Sari menyalakan layar monitor utama. "Wasiat yang kamu lihat di rumah sakit itu benar-benar palsu. Panji nggak pernah menulis wasiat tunggal untukmu. Dia menulis wasiat yang dibagi tiga, untukmu, untuk karyawan Asmara Cafe, dan untuk sebuah yayasan yang dirikan oleh Renata."
"Lalu, kenapa Ratu membuat wasiat palsu atas namaku?" tanya Elena bingung.
Sari menatap Elena dengan iba. "Karena dengan menjadikanmu pewaris tunggal, Ratu bisa mengaktifkan klausul kematian berencana. Jika kamu terbukti menjadi tersangka terhadap pembunuhan Panji, seluruh aset otomatis jatuh ke tangan wali perusahaan yang sudah ditunjuk oleh Dewan Komisaris sebelumnya. Dan kamu tahu siapa wali perusahaan itu, Elena?"
"Apakah Bapak Handoyo?" tebak Elena.
"Bukan, bukan dia. Tapi, ibu kandung Ratu Widaningsih Asmara"
Elena lemas. Ini adalah jebakan sempurna. Ratu tidak butuh Elena menang, tapi dia butuh Elena terlihat seperti pembunuh yang rakus agar harta itu jatuh ke tangan ibunya secara legal.
Tiba-tiba, monitor di ruangan itu berkedip-kedip merah.
"Sistem keamanan kita ditembus, Elena!" seru Sari panik.
Layar monitor menampilkan kamera CCTV di luar vila. Beberapa mobil hitam masuk ke halaman. Heru ada di sana, dan dia membawa seseorang yang membuat jantung Elena berhenti berdetak.

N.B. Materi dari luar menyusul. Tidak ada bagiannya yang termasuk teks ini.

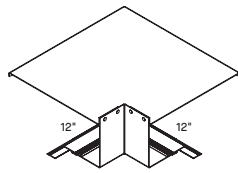

Knife Edge
Ceiling-to-Wall
Inside Corner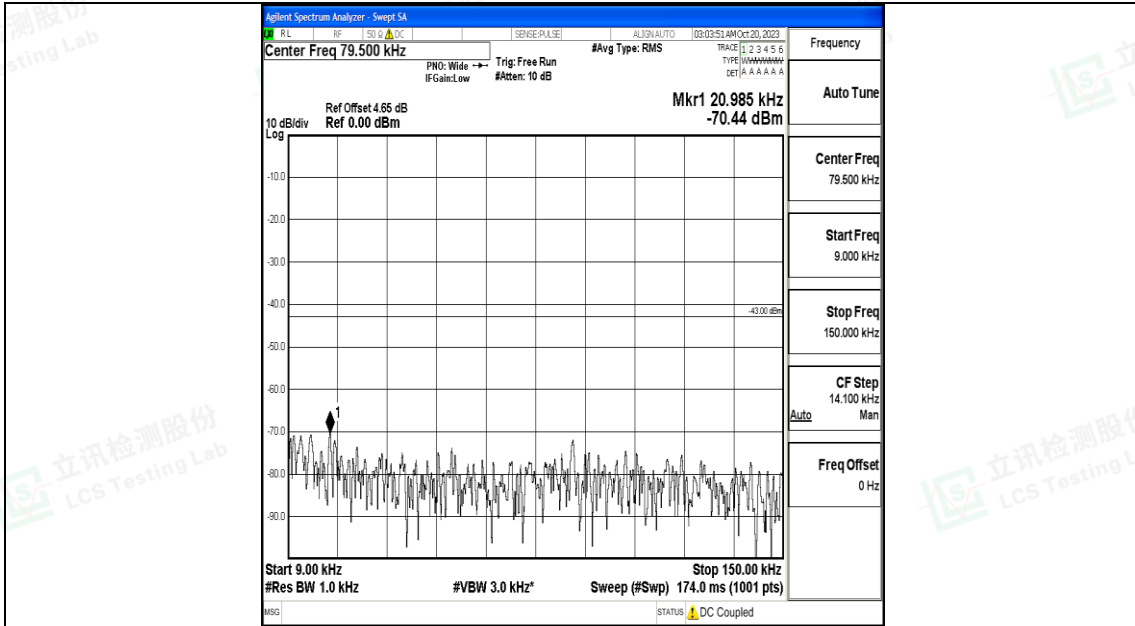

Band66_20MHz_QPSK_132572_1RB#0_3000~20000_3000~20000

Band66_20MHz_16QAM_132572_1RB#0_0.009~0.15_0.009~0.15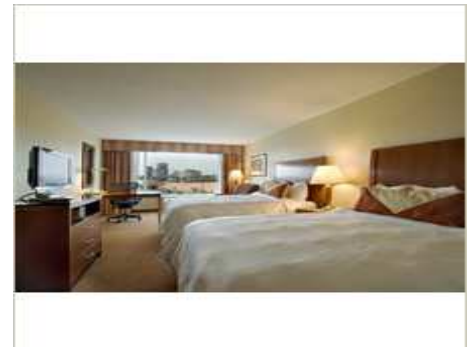

HILTON GARDEN INN MANCHESTER DOWNTOWN

101 South Commercial Street
Manchester, New Hampshire, USA
03101
Tel: 1-603-669-2222, Fax:
1-603-668-2957

[BOOK NOW](#)

[FIND OUT MORE](#)

Click on the above for point-to-point directions or for more details. This feature requires Internet access.

HOW TO GET HERE

Shuttle Service: Our complimentary shuttle operates from 5:00AM-11:00AM and 3:30PM-11:30PM Monday-Friday, 9:00AM-12:00PM and 3:30PM-11:30PM Saturday and Sunday. Courtesy phones are located at the Manchester Boston Regional Airport for your convenience. Our shuttle operates throughout a five mile radius of the hotel stopping at various leisure destinations such as the Verizon Wireless Arena, Palace Theatre and Currier Museum of Art. In addition shuttle service is also provided to business destinations such as AutoDesk, Texas Instruments and CCA Global. Shuttle arrangements and transportation requests can be made by contacting the front desk. From Manchester/Boston Regional Airport: Take Brown Ave approximately 1.5 miles to I-293 North. Continue on I-293 North and take Exit 5 Granite Street. Make a right going East on Granite Street to the next set of lights at the intersection of Granite Street and South Commercial Street.

The Hilton Garden Inn Manchester Downtown hotel, located in the historic Millyard district of Manchester, New Hampshire, overlooks the baseball stadium of the minor league, the New Hampshire Fisher Cats, and is within walking distance of the Verizon Wireless Arena and minutes from Manchester Airport.

LOCATION INFORMATION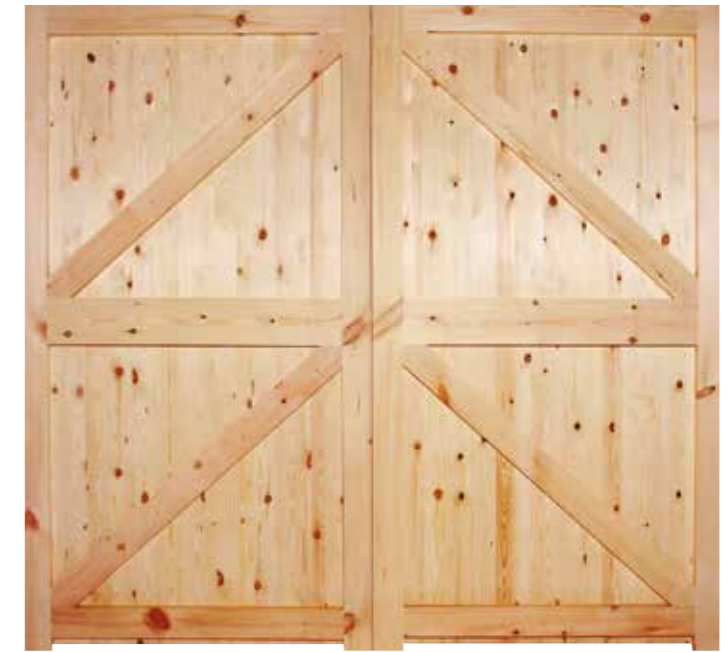

2XG

Material Redwood
Glazing Unglazed
FSC® Certified

Size	Code
78" x 30"	R2XG30
78" x 33"	R2XG33

L&B (38mm)

Material Redwood
Glazing N/A
FSC® Certified

Size	Code
78" x 24"	RLB24
78" x 27"	RLB27
78" x 30"	RLB30
80" x 32"	RLB32
78" x 33"	RLB33
78" x 36"	RLB36

*Comprising 16mm boarding and 22mm ledges and braces.

Reverse

FL&B (44mm)

Material Redwood
Glazing N/A
FSC® Certified

Size	Code
78" x 24"	RFLB24
78" x 27"	RFLB27
78" x 30"	RFLB30
80" x 32"	RFLB32
78" x 33"	RFLB33
78" x 36"	RFLB36

*Comprising 13.5mm boarding.

Reverse

FL&B GARAGE DOOR (44mm)

Reverse

Material Redwood
FSC® Certified

Size	Code
78" x 84"	RGARFLB6670
84" x 84"	RGARFLB67070

600 GATE (42mm)

Material Redwood
FSC® Certified

Size	Code
36" x 36"	RGATE3636
36" x 42"	RGATE3642
36" x 48"	RGATE3648
42" x 36"	RGATE4236
42" x 42"	RGATE4242

Reverse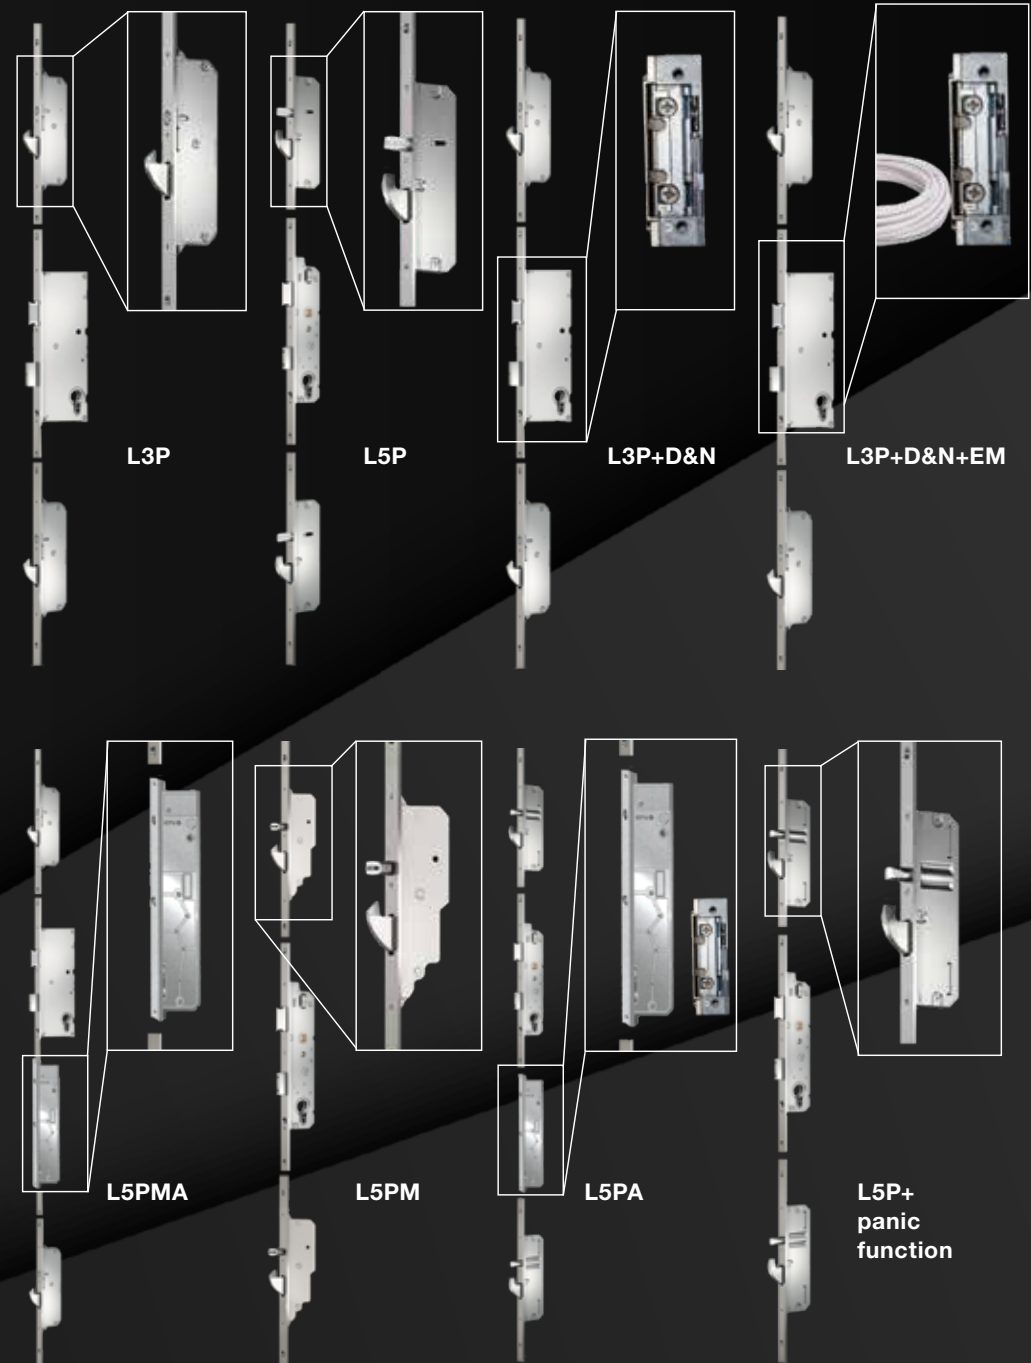

L5PM without electric motor - 5 point multi-point lock. Round latch and hook bolts lock the leaf on closure automatically. Deadbolt operated by the key only. Not compatible with lever handle from outside, pull handle only.

L5PA electric - 5 point multi-point lock with all latches and deadbolt operated by electric drive. Locks automatically when closing the door. All latches and deadbolt open by electric drive when turning the key or pressing lever handle. Not compatible with lever handle from outside, pull handle only. Lock can be connected to finger-scanner and keypad (optional). Electromagnetic strike included. Not available when overall frame height is less than 2035mm.

L5P + panic function electric - 5 points multi-point lock with all latches and deadbolt operated by electric drive. Locks automatically when closing the door. All latches and deadbolt open by electric drive when turning the key or pressing lever handle. Not compatible with lever handle from outside, pull handle only. Lock can be connected to finger-scanner and keypad (optional).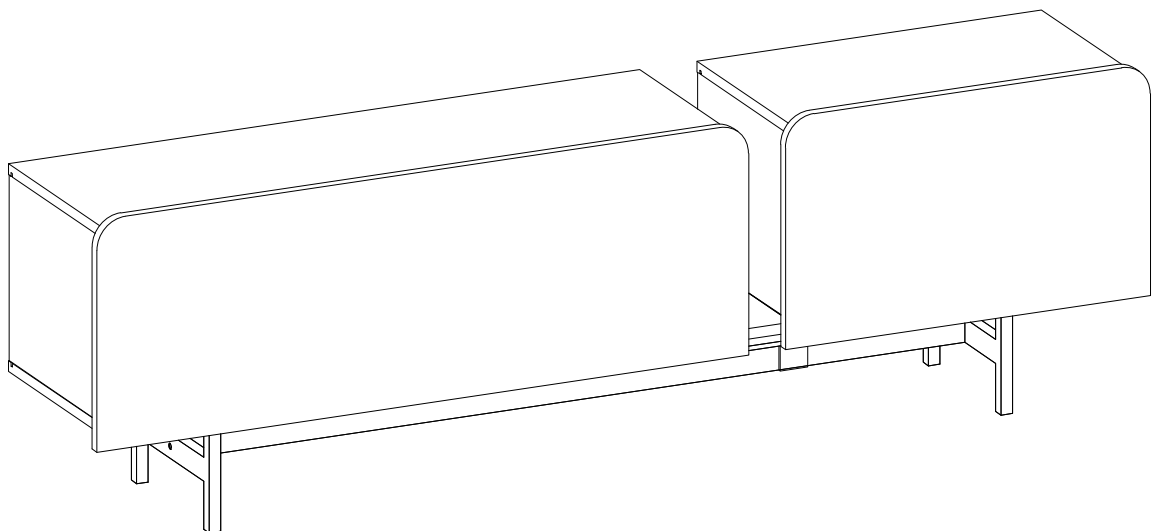

SCAN FOR
VIDEO ASSEMBLY

TMS-01

Use the drill only for wall fixing

Wall fixing brackets

No	a*b(mm)	a*b(inches)	Pcs
1	1200x350	47 1/4x13 3/4	1
2	1100x350	43 1/4x13 3/4	1
3	310x349	12 1/4x13 3/4	1
4	310x349	12 1/4x13 3/4	1
5	310x334	12 1/4x13 1/8	1
6	600x350	23 5/8x13 3/4	1
7	600x350	23 5/8x13 3/4	1
8	310x349	12 1/4x13 3/4	1
9	310x349	12 1/4x13 3/4	1
10	636x386	25x15 1/4	1
11	1136x386	44 3/4x15 1/4	1
12	572x320	22 1/2x12 5/8	1
13	1072x320	42 1/4x12 5/8	1

Cover Adjustments

STEP 3

STEP 2

 D	 X12	 D1	 X8
---	---	--	--

DRYWALL

or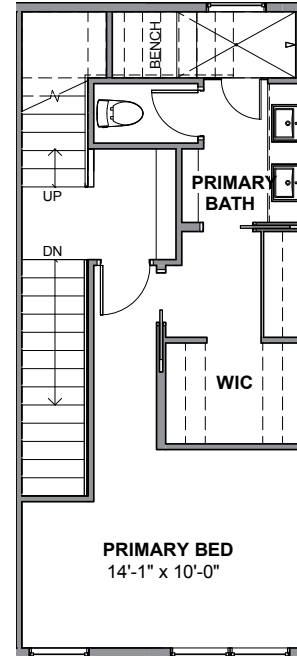

**UNIT 23**

**1**

**2**

**3**

**4**

**928 NW 54TH ST, SEATTLE 98107**

**APPROX 1738 SF | 3 BEDS | 2 BATHS | PARTY ROOM | OPEN CONCEPT**

Floor plans are provided for illustrative and general informational purposes only. In a continuing effort to improve our products and designs, final construction elevations, square footages, floor plan layouts and/or materials and colors may vary. Buyer to verify all information to their own satisfaction.

**Habitat for the Modern Life Form.**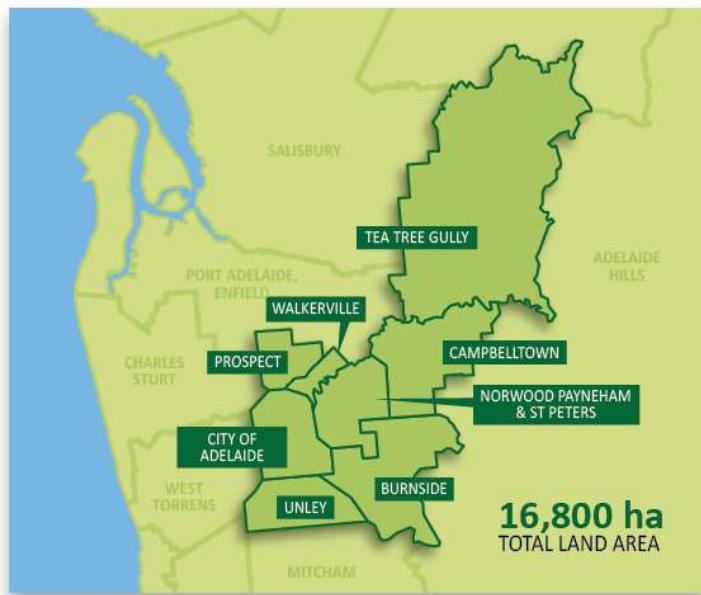

## RESILIENT EAST

Resilient East is about making sure Adelaide's eastern region remains a vibrant, desirable and productive place to live, work and visit, and that our businesses, communities and environments can respond positively to the challenges and opportunities presented by a changing climate.

## WHO WE ARE

We are a regional climate initiative between state and local governments in eastern Adelaide. Our partnership is between Campbelltown City Council, the Cities of Adelaide, Burnside, Norwood Payneham and St Peters, Prospect, Tea Tree Gully, Unley, the Town of Walkerville and the Government of South Australia.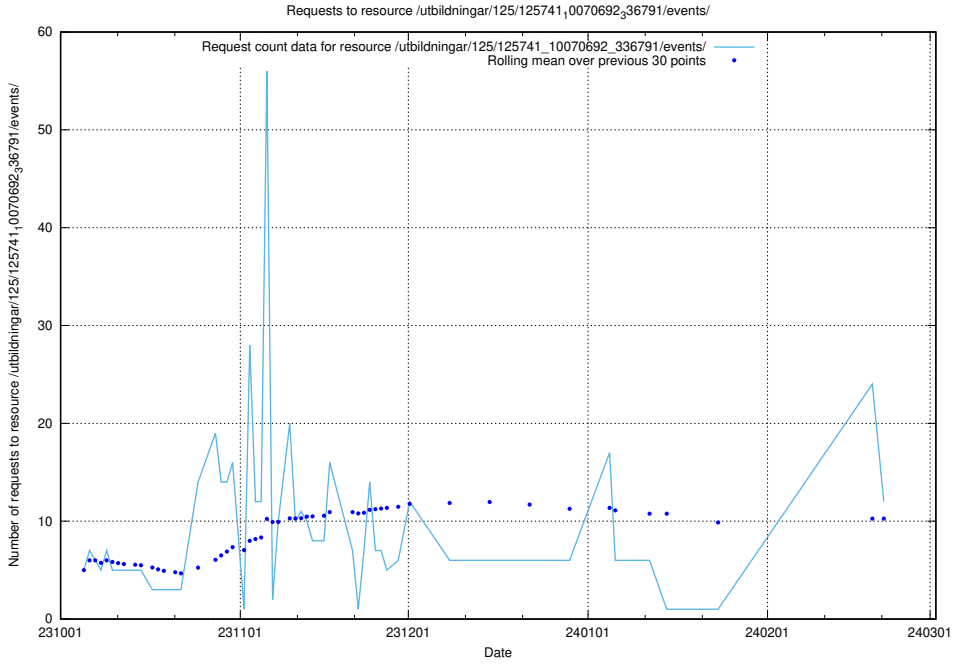

5.16 Usage of /taxonomy/concept/

Here, we count the number of requests to resource /taxonomy/concept/.

5.17 Usage of /utbildningar/125/125741_10070692_336791/events/

Here, we count the number of requests to resource /utbildningar/125/125741_10070692_336791/events/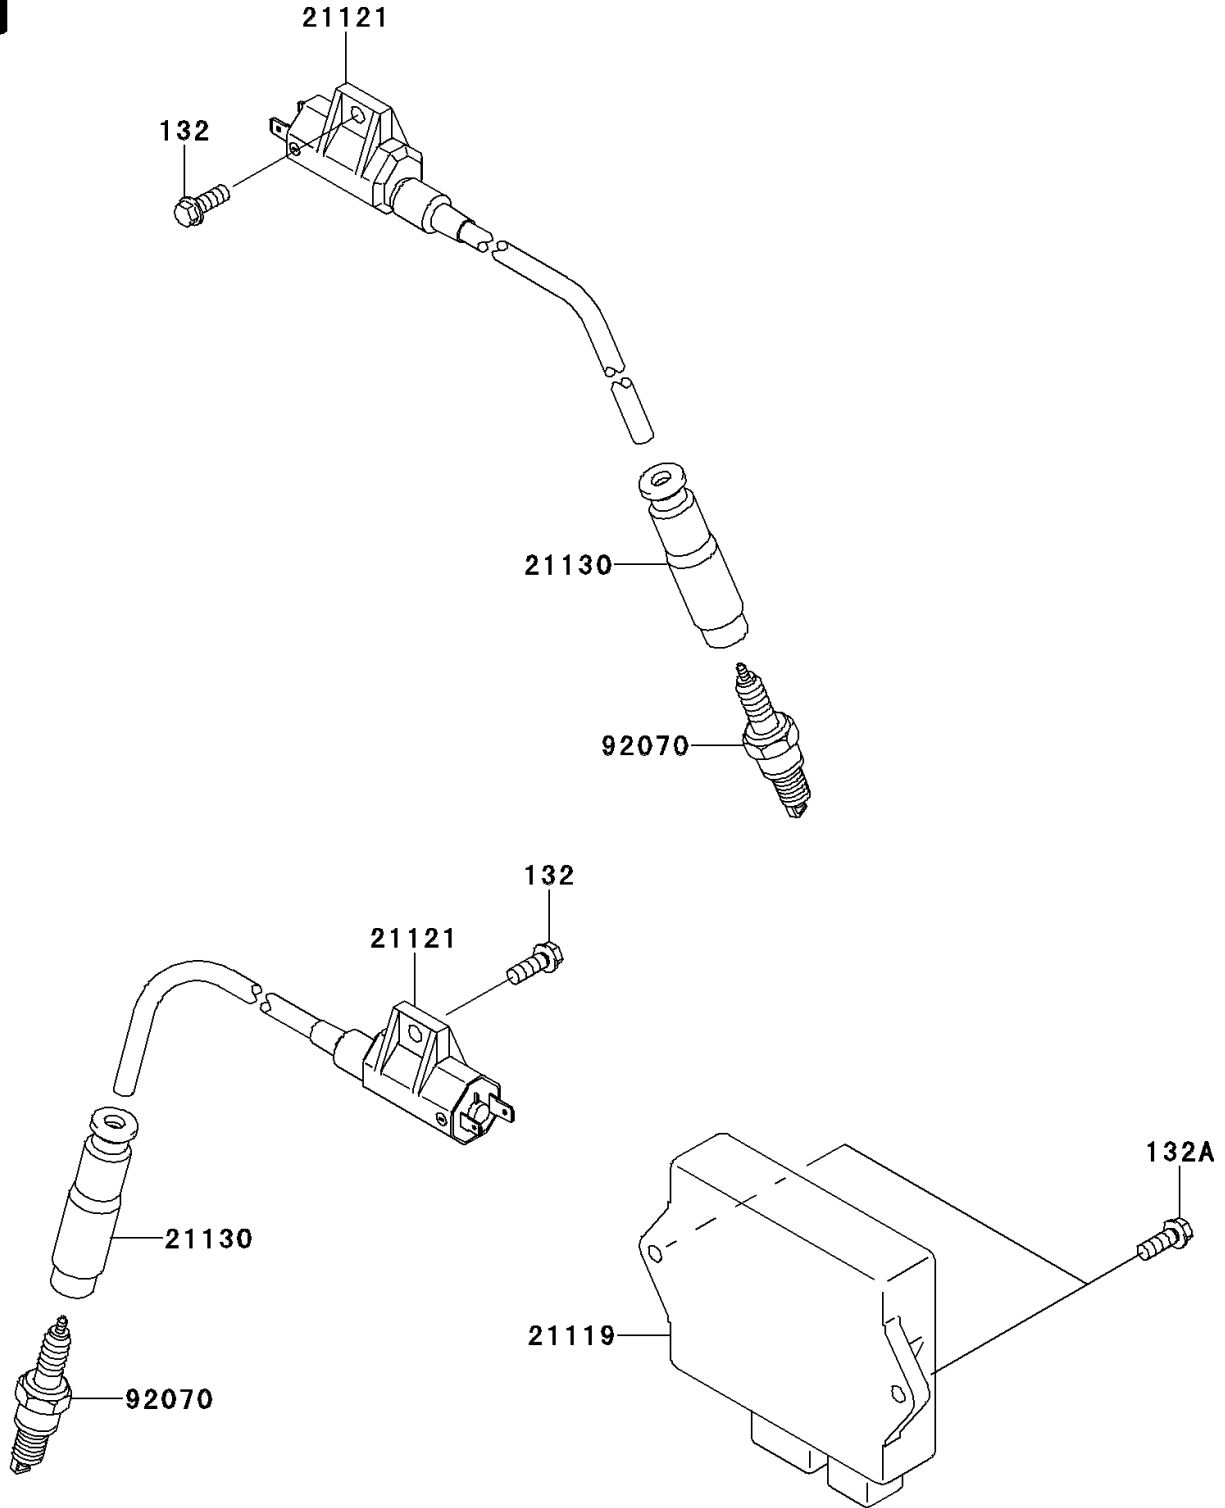

2007 KFX700 PARTS DIAGRAM

Ignition System

E1830

2007 KFX700 PARTS LIST

Ignition System

ITEM NAME	PART NUMBER	QUANTITY
BOLT-FLANGED-SMALL,6X16 (Ref # 132)	132BA0616	2
BOLT-FLANGED-SMALL,6X16 (Ref # 132A)	132BB0616	2
IGNITER (Ref # 21119)	21119-0032	1
COIL-IGNITION (Ref # 21121)	21121-1316	2
CAP-SPARK PLUG (Ref # 21130)	21130-1071	2
PLUG-SPARK,CR7E(NGK) (Ref # 92070)	92070-1209	2

Di layar monitor, terlihat Heru menyeret Panji yang masih dalam kondisi lemah, penuh perban, dan tidak sadarkan diri. Heru menodongkan pistol ke kepala Panji tepat di depan kamera.
"Elena! Aku tahu kamu ada di dalam!" suara Heru terdengar dari pengeras suara di luar. "Keluar sekarang dan bawa buku itu, atau aku akan meledakkan otak owner cafe kesayanganmu ini di depan pintu rumah ini! Aku beri waktu kamu tiga puluh detik dari sekarang!"
Elena menatap Sari, lalu menatap Panji yang nyawanya di ujung tanduk. Dia memegang buku catatan Renata dan kunci cadangan itu. Jika dia keluar, mereka semua akan mati. Jika dia diam, Panji yang akan mati.
"Buka pintunya," bisik Elena dengan tatapan mata yang berubah menjadi dingin dan penuh tekad.